### Requirement
In the answer, each line must appear exactly as in the records, and no picture may appear.

### Information given
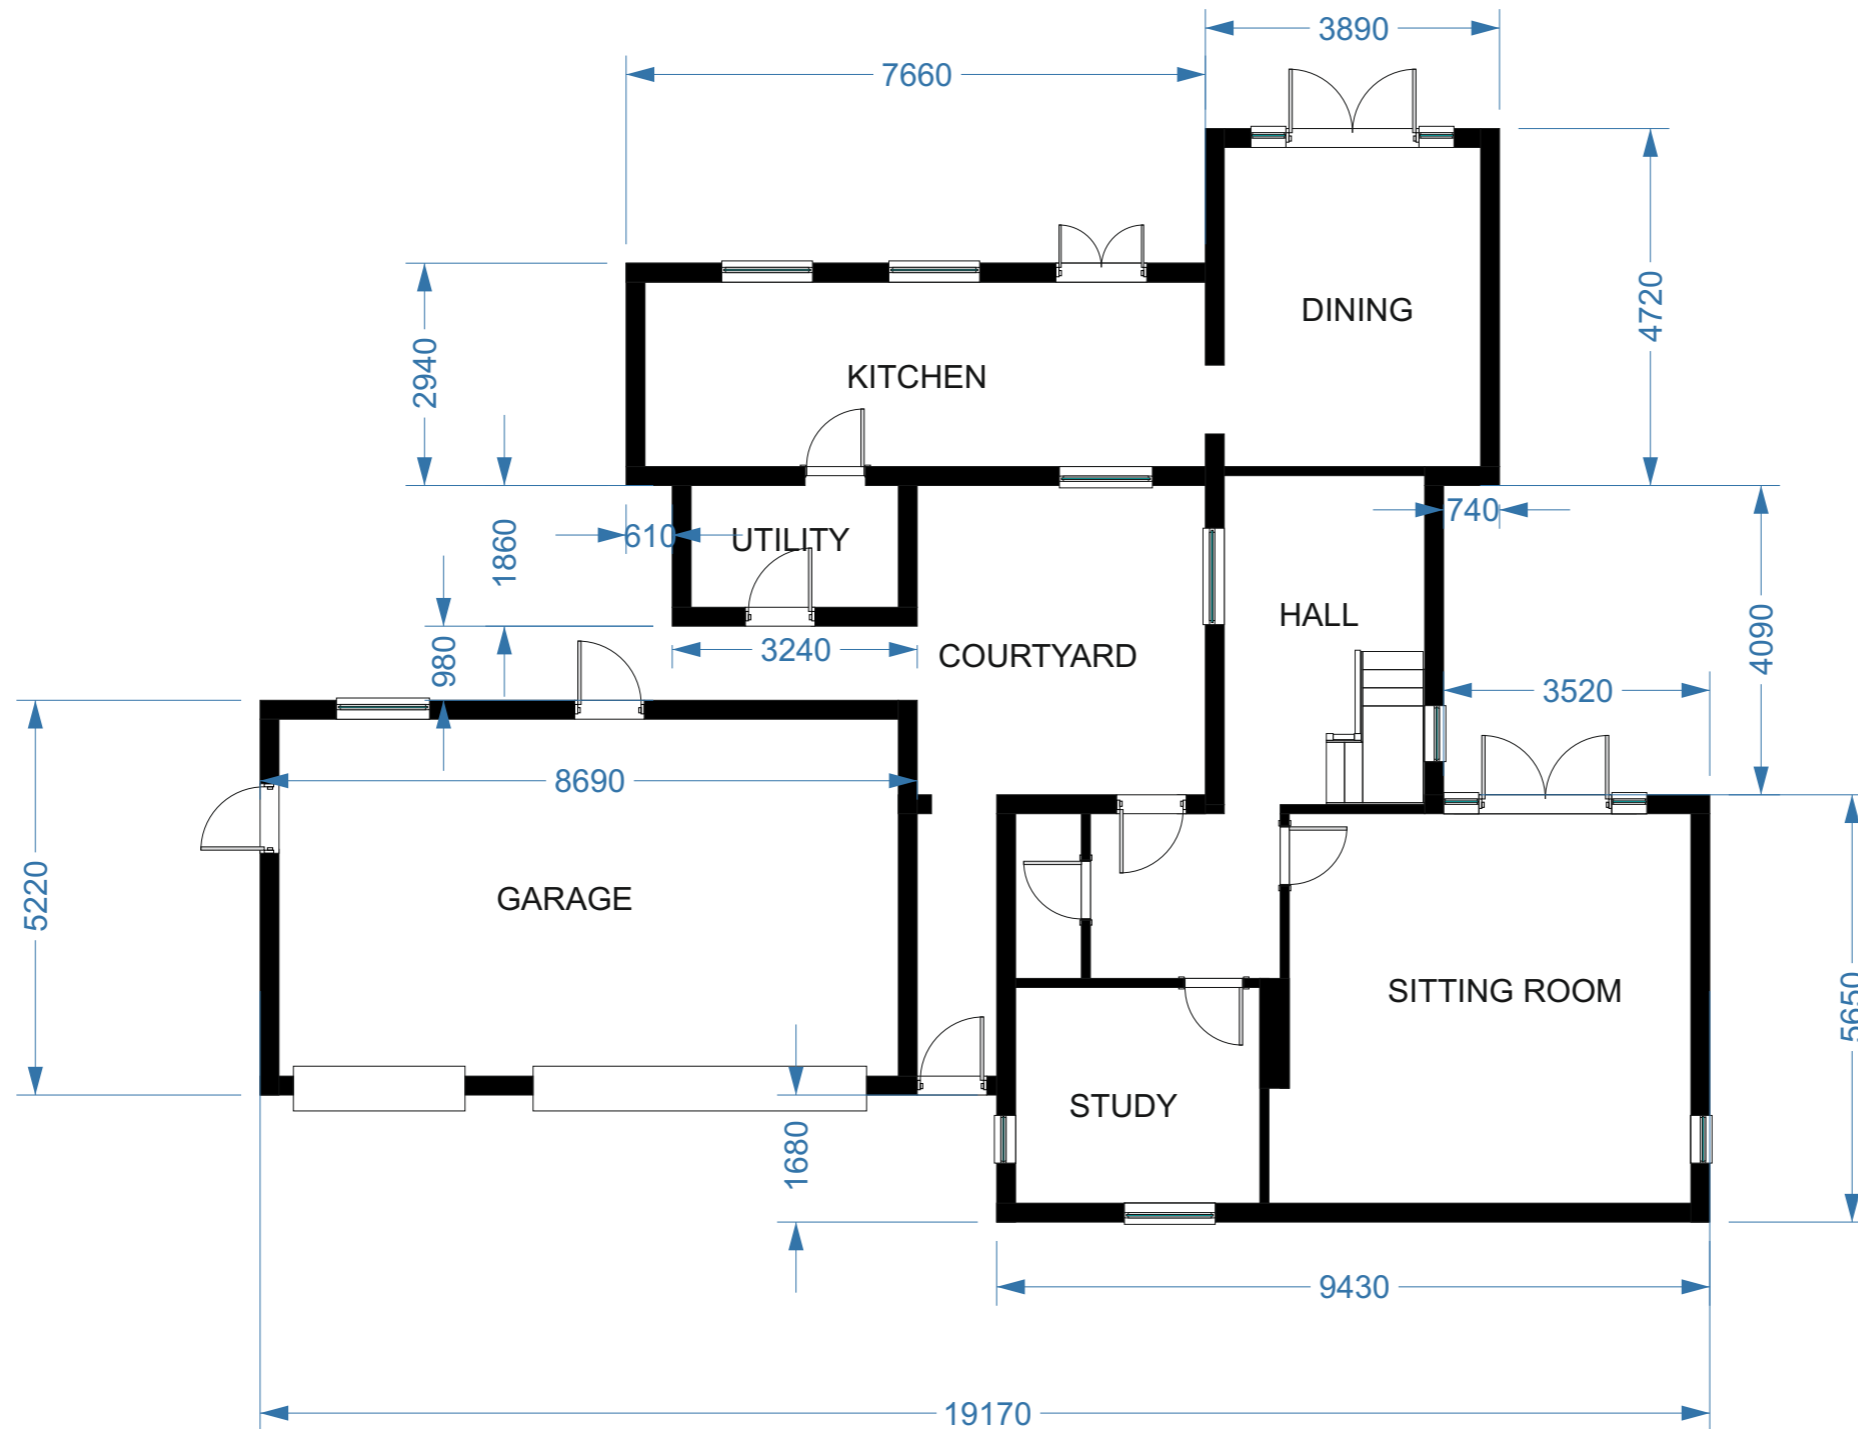

DO NOT SCALE - IF IN DOUBT ASK - THIS IS NOT A BILL OF QUANTITIES  
 TAKE ALL DIMENSIONS ON SITE

Document for approval only  
**NOT FOR CONSTRUCTION**  
 Copy for construction will be issued following approval

# Ex GF plan

Project Extension to first floor and enclosure of court yard	
Location Sunrise Reading Room Yard North Ferriby HU14 3DE	
Scale 1:100 at A3	
Drawn By Fawcett	Drawing No
Drg Issue & Date 01 - 13/04/2021	
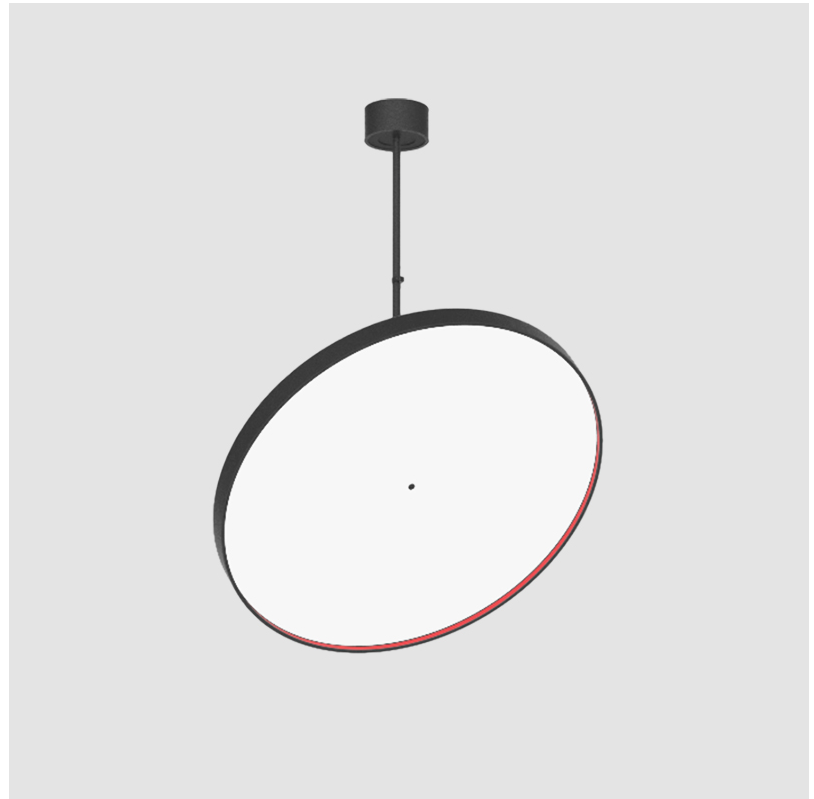

GENERAL

Series: Sign Diva Flex
Subseries: Sign Diva Flex Korona
Partner: Prolicht
Division: Architectural
Installation: Suspension
Product Type: Pendant
Mounting Location: Ceiling
Light Distribution: Adjustable

PHYSICAL

Diameter (mm): 850
Diameter (in): 33 7/16
Height (mm): 870
Height (in): 34 1/4
Weight (kg): 9
Weight (lbs): 19.8
Diffuser: PMMA - Opal / Micro-Prism / Sparkling Secret / Vintage Industrial
Fixture Finish: SSR / BKV / CWI / CRY / HAB / UFT / ITA / RUA / FTG / MYG / LOD / PUS / FRO / FUP / KIA / POP / BLS / SPG / MEY / GOH / CHC / COM / ABZ / JAG / OBR / MOS / ROR
Fixture Material: PMMA / Extruded Aluminum / Steel

ELECTRICAL

Lamp Type: LED (Zhaga Standard)
Input Wattage (W): 96.8
Total Output Wattage (W): 76.8
Dimming: Tri-Mode (Non-Dimming and Phase Dimming (120Vac only) and 0-10V Dimming)
Driver Included: Yes
Driver Location: Integrated
Driver Type: Constant Current - Universal
Driver Class: Class 2
Input Voltage (V): 120 - 277
Constant Current (MA): 600

LED

Color Temperature (°K): 2700 / 3000 / 3500 / 4000
Max. Delivered Lumen (lm): 9094 / 9806 / 11385 / 13736
Nominal Lumen (lm): 10753 / 11596 / 13461 / 13736
CRI: >90 CRI
Lamp Life (hrs): 50000

OPTICAL

Adjustability: Rotational 170°; Tilt 90°

RATINGS AND CERTIFICATIONS

Certified By: Certified for North American Standards
IP rating: IP20
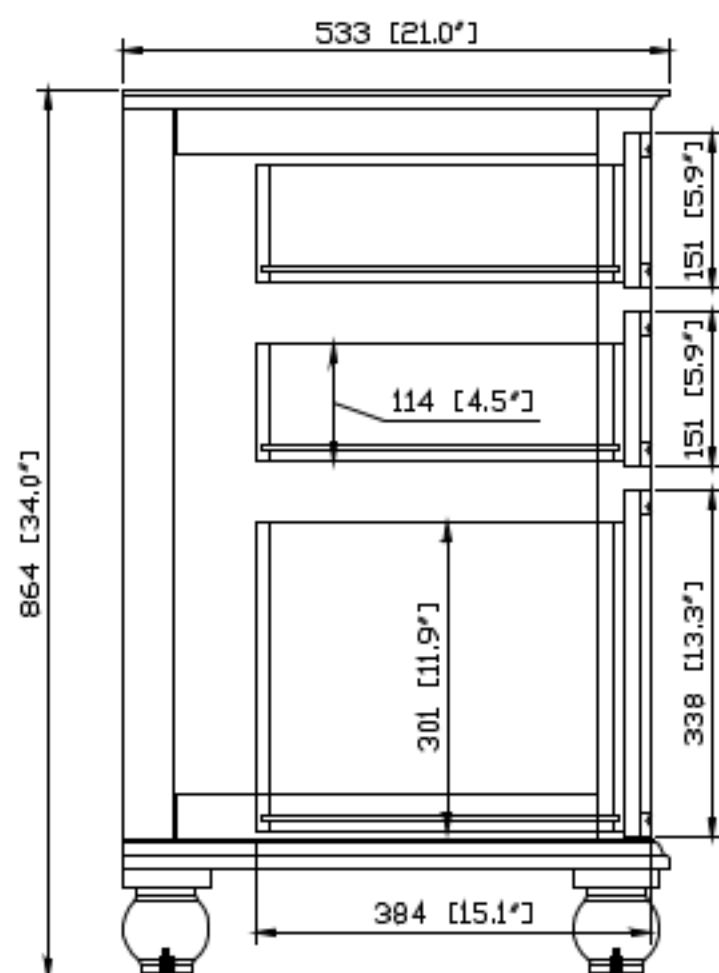

## Nominal Dimension

- 48W x 21D x 34H (inches)

## Related Items

Mirror	THOMPSON-M24-CL	THOMPSON-M24-FW	
	THOMPSON-M28-CL	THOMPSON-M28-FW	
Vanity Top	SUT49BK	SUT49GB	SUT49CW
	SUT49BK-R	SUT49GB-R	SUT49CW-R
Sink	CUM18WT	CUM18LN	CUM20WT-R
Linen Tower	THOMPSON-LT24-CL	THOMPSON-LT24-FW	

## Product Diagrams

Front

Back

Side

Top
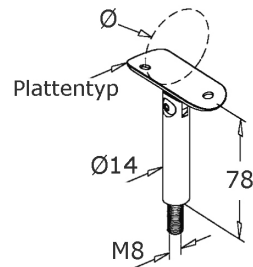

Hinge pin with mounting plate

[short name: SGP*](#)

>hecoNNECT railing-
construction system<

technical product sheet

Typ	H	d	RG	Art.-Nr.
für Rundrohr Ø 42,4	78	14	M 8	EDEL-SGP042
für Rundrohr Ø 33,7	78	14	M 8	EDEL-SGP033
Platte flach	78	14	M 8	EDEL-SGP000

available material: ask

Systems > railing construction > handrail brackets and supports > supports > Prefabricated parts > pins with plate > with joint
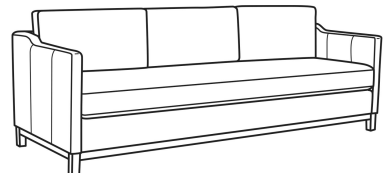

CR LAINE®

STYLE • COMFORT • COLOR

Ryan / L6000-20B

DESCRIPTION:	Sofa (84W)
OUTSIDE:	84"W x 36.5"D x 35"H
INSIDE:	78"W x 22"D
SEAT:	20.5"H
ARM:	27"H
BACK RAIL:	29"H
COM:	Plain: 193 sq ft
WEIGHT:	150 lbs

L = available in leather

Standard Features:

Box Border Back

Saddle-Stitched

Oak wood base. Wood grain pattern is a natural characteristic of oak

May be shown with optional features

RYAN

Standard Seat Cushion:	Mayfair Seat
Standard Back Pillow:	Fiber Back

Also available:

Ryan / 6000-01
Long Sofa (96W)
Outside: 96W x 36.5D x 35H
Inside: 90W x 22D

Ryan / 6000-01B
Long Sofa (96W)
Outside: 96W x 36.5D x 35H
Inside: 90W x 22D

Ryan / 6000-20
Sofa (84W)
Outside: 84W x 36.5D x 35H
Inside: 78W x 22D

Ryan / 6000-20B
Sofa (84W)
Outside: 84W x 36.5D x 35H
Inside: 78W x 22D

Ryan / L6000-01
Leather Long Sofa (96W)
Outside: 96W x 36.5D x 35H
Inside: 90W x 22D

Ryan / L6000-01B
Leather Long Sofa (96W)
Outside: 96W x 36.5D x 35H
Inside: 90W x 22D
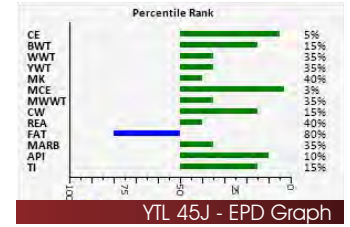

39

YOUNG MR JAXSON 45J

PG1362894 YTL 45J APRIL 15, 2021 POLLED MALE

KUNTZ SHERIFF 8A
T33 MR FRANK 3F
TRI-R DIAMOND 22D

BLACK GOLD ADVANCE 8D
YOUNG MS GISELLE 6G
MISS DOUBLE G 73E

KUNTZ MARSHALL 12Y
PEACOCK'S LI'L NETTIE 23Y
ERIXON REVELSTOCK 41A
TRI-R MS LADY GUNNER 5U

NCB COBRA 47Y
BLACKGOLD MS ADVANCE 48B
MCINTOSH ARSENAL 55C
MISS DOUBLE G 1X

CE	BW	WW	YW	Milk	MCE	MWWT	BW	ADJ WW	ADJ YW
13.6	1.2	80.7	120.6	29.9	9.3	70.3	89 lbs.	747 lbs.	lbs.

This is the first calf from this dam and she did an outstanding job. This bull has calving ease on both sides of his pedigree. The dam is a daughter off our calving ease bull Advance and the sire is T33 Mr Frank who is also a calving ease bull. The dam's 2022 Tycoon bull calf is a stand out in the yearling pen. Awesome deep sided red bull with a great EPD profile. Super friendly disposition, excellent weight gain and will sire some impressive calves. You will have him checked off in your book.

HOMO POLLED

40

YOUNG MR JEOFFROY 104J

BPG1362932 YTL 104J APRIL 26, 2021 POLLED MALE

KUNTZ SHERIFF 8A
T33 MR FRANK 3F
TRI-R DIAMOND 22D

SPRINGCREEK ROCKER 909A
LAZYCREEK MISS CATTY 75G
LAZYCREEK CONSTANCE 8B

KUNTZ MARSHALL 12Y
PEACOCK'S LI'L NETTIE 23Y
ERIXON REVELSTOCK 41A
TRI-R MS LADY GUNNER 5U

SPRINGCREEK ALL IN 155Y
SPRINGCREEK GOLDY 135W
BH LIMITED BLACK 015K
LAZYCREEK CLARABELLE 7Z

CE	BW	WW	YW	Milk	MCE	MWWT	BW	ADJ WW	ADJ YW
13.8	-0.3	69.3	102.8	23	7.4	57.7	70 lbs.	665 lbs.	lbs.

70 lb birth weight heifer bull. If you are in the hunt for a black heifer bull, you have found him. 104J is a moderate framed, deep sided, soggy made rascal. Young Mr Jeoffroy is in the top 5% for calving ease and top 3% for birth weight in the breed. Sleep easy with this guy in your heifer pen.

HOMO POLLED

### Finished task
DO NOT SCALE - IF IN DOUBT ASK - THIS IS NOT A BILL OF QUANTITIES  
 TAKE ALL DIMENSIONS ON SITE

Document for approval only  
**NOT FOR CONSTRUCTION**  
 Copy for construction will be issued following approval

# Ex GF plan

Project Extension to first floor and enclosure of court yard	
Location Sunrise Reading Room Yard North Ferriby HU14 3DE	
Scale 1:100 at A3	
Drawn By Fawcett	Drawing No
Drg Issue & Date 01 - 13/04/2021	

GENERAL

Series: Sign Diva Flex
Subseries: Sign Diva Flex Korona
Partner: Prolicht
Division: Architectural
Installation: Suspension
Product Type: Pendant
Mounting Location: Ceiling
Light Distribution: Adjustable

PHYSICAL

Diameter (mm): 850
Diameter (in): 33 7/16
Height (mm): 870
Height (in): 34 1/4
Weight (kg): 9
Weight (lbs): 19.8
Diffuser: PMMA - Opal / Micro-Prism / Sparkling Secret / Vintage Industrial
Fixture Finish: SSR / BKV / CWI / CRY / HAB / UFT / ITA / RUA / FTG / MYG / LOD / PUS / FRO / FUP / KIA / POP / BLS / SPG / MEY / GOH / CHC / COM / ABZ / JAG / OBR / MOS / ROR
Fixture Material: PMMA / Extruded Aluminum / Steel

ELECTRICAL

Lamp Type: LED (Zhaga Standard)
Input Wattage (W): 96.8
Total Output Wattage (W): 76.8
Dimming: Tri-Mode (Non-Dimming and Phase Dimming (120Vac only) and 0-10V Dimming)
Driver Included: Yes
Driver Location: Integrated
Driver Type: Constant Current - Universal
Driver Class: Class 2
Input Voltage (V): 120 - 277
Constant Current (MA): 600

LED

Color Temperature (°K): 2700 / 3000 / 3500 / 4000
Max. Delivered Lumen (lm): 9094 / 9806 / 11385 / 13736
Nominal Lumen (lm): 10753 / 11596 / 13461 / 13736
CRI: >90 CRI
Lamp Life (hrs): 50000

OPTICAL

Adjustability: Rotational 170°; Tilt 90°

RATINGS AND CERTIFICATIONS

Certified By: Certified for North American Standards
IP rating: IP20

## Nominal Dimension

- 48W x 21D x 34H (inches)

## Related Items

Mirror	THOMPSON-M24-CL	THOMPSON-M24-FW	
	THOMPSON-M28-CL	THOMPSON-M28-FW	
Vanity Top	SUT49BK	SUT49GB	SUT49CW
	SUT49BK-R	SUT49GB-R	SUT49CW-R
Sink	CUM18WT	CUM18LN	CUM20WT-R
Linen Tower	THOMPSON-LT24-CL	THOMPSON-LT24-FW	

## Product Diagrams

Front

Back

Side

Top

Hinge pin with mounting plate

[short name: SGP*](#)

>hecoNNECT railing-
construction system<

technical product sheet

Typ	H	d	RG	Art.-Nr.
für Rundrohr Ø 42,4	78	14	M 8	EDEL-SGP042
für Rundrohr Ø 33,7	78	14	M 8	EDEL-SGP033
Platte flach	78	14	M 8	EDEL-SGP000

available material: ask

Systems > railing construction > handrail brackets and supports > supports > Prefabricated parts > pins with plate > with joint

CR LAINE®

STYLE • COMFORT • COLOR

Ryan / L6000-20B

DESCRIPTION:	Sofa (84W)
OUTSIDE:	84"W x 36.5"D x 35"H
INSIDE:	78"W x 22"D
SEAT:	20.5"H
ARM:	27"H
BACK RAIL:	29"H
COM:	Plain: 193 sq ft
WEIGHT:	150 lbs

L = available in leather

Standard Features:

Box Border Back

Saddle-Stitched

Oak wood base. Wood grain pattern is a natural characteristic of oak

May be shown with optional features

RYAN

Standard Seat Cushion:	Mayfair Seat
Standard Back Pillow:	Fiber Back

Also available:

Ryan / 6000-01
Long Sofa (96W)
Outside: 96W x 36.5D x 35H
Inside: 90W x 22D

Ryan / 6000-01B
Long Sofa (96W)
Outside: 96W x 36.5D x 35H
Inside: 90W x 22D

Ryan / 6000-20
Sofa (84W)
Outside: 84W x 36.5D x 35H
Inside: 78W x 22D

Ryan / 6000-20B
Sofa (84W)
Outside: 84W x 36.5D x 35H
Inside: 78W x 22D

Ryan / L6000-01
Leather Long Sofa (96W)
Outside: 96W x 36.5D x 35H
Inside: 90W x 22D

Ryan / L6000-01B
Leather Long Sofa (96W)
Outside: 96W x 36.5D x 35H
Inside: 90W x 22D

39

YOUNG MR JAXSON 45J

PG1362894 YTL 45J APRIL 15, 2021 POLLED MALE

KUNTZ SHERIFF 8A
T33 MR FRANK 3F
TRI-R DIAMOND 22D

BLACK GOLD ADVANCE 8D
YOUNG MS GISELLE 6G
MISS DOUBLE G 73E

KUNTZ MARSHALL 12Y
PEACOCK'S LI'L NETTIE 23Y
ERIXON REVELSTOCK 41A
TRI-R MS LADY GUNNER 5U

NCB COBRA 47Y
BLACKGOLD MS ADVANCE 48B
MCINTOSH ARSENAL 55C
MISS DOUBLE G 1X

CE	BW	WW	YW	Milk	MCE	MWWT	BW	ADJ WW	ADJ YW
13.6	1.2	80.7	120.6	29.9	9.3	70.3	89 lbs.	747 lbs.	lbs.

This is the first calf from this dam and she did an outstanding job. This bull has calving ease on both sides of his pedigree. The dam is a daughter off our calving ease bull Advance and the sire is T33 Mr Frank who is also a calving ease bull. The dam's 2022 Tycoon bull calf is a stand out in the yearling pen. Awesome deep sided red bull with a great EPD profile. Super friendly disposition, excellent weight gain and will sire some impressive calves. You will have him checked off in your book.

HOMO POLLED

40

YOUNG MR JEOFFROY 104J

BPG1362932 YTL 104J APRIL 26, 2021 POLLED MALE

KUNTZ SHERIFF 8A
T33 MR FRANK 3F
TRI-R DIAMOND 22D

SPRINGCREEK ROCKER 909A
LAZYCREEK MISS CATTY 75G
LAZYCREEK CONSTANCE 8B

KUNTZ MARSHALL 12Y
PEACOCK'S LI'L NETTIE 23Y
ERIXON REVELSTOCK 41A
TRI-R MS LADY GUNNER 5U

SPRINGCREEK ALL IN 155Y
SPRINGCREEK GOLDY 135W
BH LIMITED BLACK 015K
LAZYCREEK CLARABELLE 7Z

CE	BW	WW	YW	Milk	MCE	MWWT	BW	ADJ WW	ADJ YW
13.8	-0.3	69.3	102.8	23	7.4	57.7	70 lbs.	665 lbs.	lbs.

70 lb birth weight heifer bull. If you are in the hunt for a black heifer bull, you have found him. 104J is a moderate framed, deep sided, soggy made rascal. Young Mr Jeoffroy is in the top 5% for calving ease and top 3% for birth weight in the breed. Sleep easy with this guy in your heifer pen.

HOMO POLLED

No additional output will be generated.